Monday, December 5, 2016

An Analysis of Rising College Costs

Jonah Katz posted this comment in a thread on Scott Alexander's blog:
The rising cost of higher education isn’t quite so mysterious, at least for the last 10-15 years. The Delta Cost Project has put together some fairly comprehensive data about this. What you see across most categories of post-secondary institutions is that basically *everything* is becoming more expensive, but ‘student ‘life’ and ‘academic support’ are rising fastest, followed by ‘institutional support’. Student life is all of the bells and whistles (athletic centers, movie theaters, etc.) that colleges use to try to entice prospective students into paying huge amounts of money to enroll in their institutions, and I believe it also includes health and mental health services, which I would imagine have become exponentially more expensive over the past couple decades (this is probably unavoidable, because health costs are going up in general and universities are enrolling a far wider range of students with more mental and physical health issues who wouldn’t have gone to college in the past). Academic support includes a mix of stuff that is crucial to the academic mission of a university (libraries, IT systems), stuff that is arguably not part of the core academic mission at all (Dean’s Office personnel, museums), and stuff that is well intentioned but tends to be useless in practice (central offices for teaching and curriculum development). Institutional support is administration proper. Note that these data come from 2003-2013, so they don’t capture the explosion in university administration that is generally agreed to have occurred from roughly the 1970s to 1990s. I’ve never been able to find categorized data that goes back that far, but I imagine the change in spending on administration during that period must have been astronomical. The cost of instruction is still the largest single category of expenditure, and accounts for the majority of absolute price increases, but proportionally it is not rising as fast as these other categories.
Some of the Delta Cost Project data is in the tables here; for public research universities above, and public colleges below. Lost more at their site.

3 comments:

G. Verloren said...

I saw a graphic somewhere which broke it down and compared the average minimum wage and the average Ivy League annual tuition from the 1970s through to the present.
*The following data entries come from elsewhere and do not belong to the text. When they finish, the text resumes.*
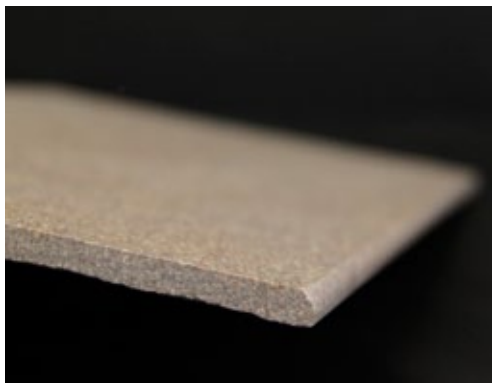

Úprava schodové hrany Zaleštění hrany

Cena je stanovena pro zaleštění základní dlaždice o tloušťce střepru do 1 cm (hrana T4/A1) na libovolné straně, nejkratší však 30 cm a nejdelší 90 cm s max. hloubkou 60 cm. Pro jiné rozměry, než jsou rozměry základní dlaždice, bude cena kalkulována individuálně. Minimální množství objednávky je 5 bm (přepočteno na kusy).

A35 Schodová hrana zaleštění, T4/1 cm
W1D1
199 Kč/bm
159 Kč/bm
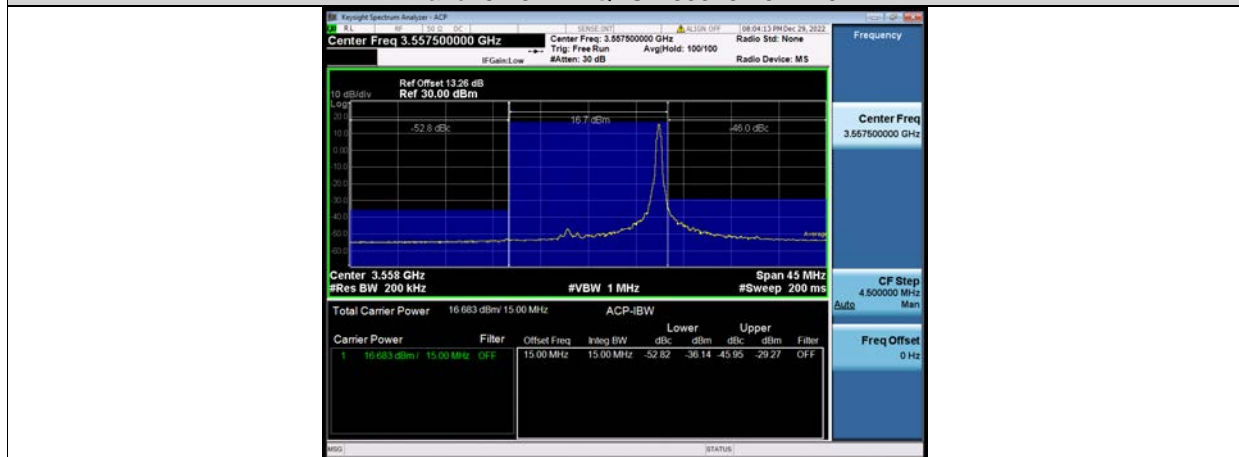

Band48-15MHz-QPSK-55990-1RB#0
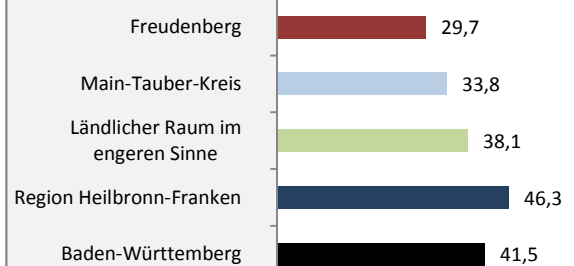

5-Jahres-Wertung (2014 - 2018): Wanderungsgewinne bzw. -verluste pro 1.000 Einwohner

Datengrundlage: Landesamt für Statistik Baden-Württemberg

Abbildungen und Berechnungen: Regionalverband Heilbronn-Franken
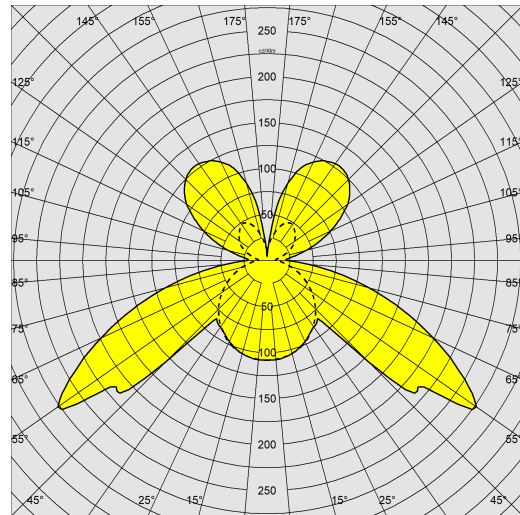

Cover light 3 LED

Code: 22182273-00

INFORMATIONS GÉNÉRALES

Article	Cover light 3 LED
Code	22182273-00

DIMENSIONS ET POIDS

Longueur (mm)	465 mm
Largeur (mm)	250 mm
Hauteur (mm)	170 mm
Poids (Kg)	1.534 kg

CARACTÉRISTIQUES ÉLECTRIQUES ET CONTRÔLES

Tension (V)	230 V
Fréquence (Hz)	50 Hz
Alimentation	CLD
Facteur de puissance	>0.95
Classe d'isolation	Classe I
Contrôle et réglage	Aucun

Cover light 3 LED

Cover light 3 LED

Code: 22182273-00

DONNÉES PHOTOMÉTRIQUES

Source lumineuse	LED
CRI	>80
Flux lumineux (sortant) (lm)	1134 lm
Puissance absorbée (totale) (W)	15 W
CCT	3000 K
Efficacité lumineuse (lm/W)	76 lm/W
Maintien du flux lumineux LED	50000 hr, L 80, B 20
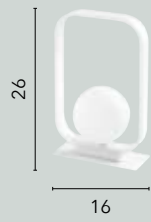

I-ROXY-L1
8031414868759
1xG9 LED
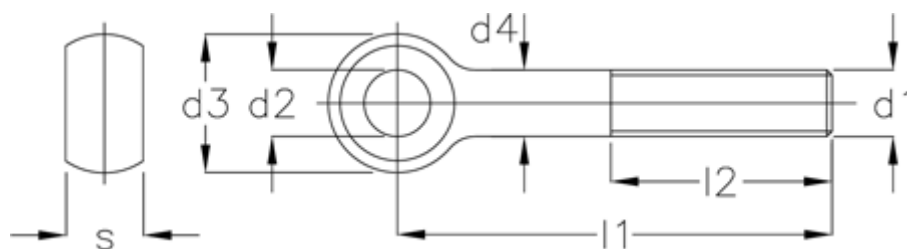

Varenummer: 20444M12100
Beskrivelse: E+G Øjebolt
DIN 444-M12-100

Mål

$d1 = M12$

$d2 = 12$

$d3 = 25$

$d4 = 12$

$l1 = 100$

$l2 = 40$

$s = 14$

They presented the final tally in terms of number of hours per workday a student has to work to be able to afford tuition. In the 70s, it was about 4 to 5 hours per workday to attend a school like Harvard. In 2015, it was almost 20 hours per workday, or two and a half full time shifts.

So forty years ago, you could afford a top tier school on a part time minimum wage, and still have enough time in your day to actually attend your classes, sleep, and even recreate. In the modern day, that's flatly impossible.

John said...

Of course such calculations ignore financial aid; it's important to remember that as Ivy League tuition has risen, the percentage of students paying the full amount has fallen. Nobody gives numbers for the cost of college after financial aid, because colleges are secretive about how much aid they give out, which makes the calculation difficult. But I have seen it claimed that for a child of parents at the median income, an Ivy League tuition costs less in real terms now than ever before.

G. Verloren said...

@John

Who in their right mind is going to believe such a claim without any numbers whatsoever to back it up, though?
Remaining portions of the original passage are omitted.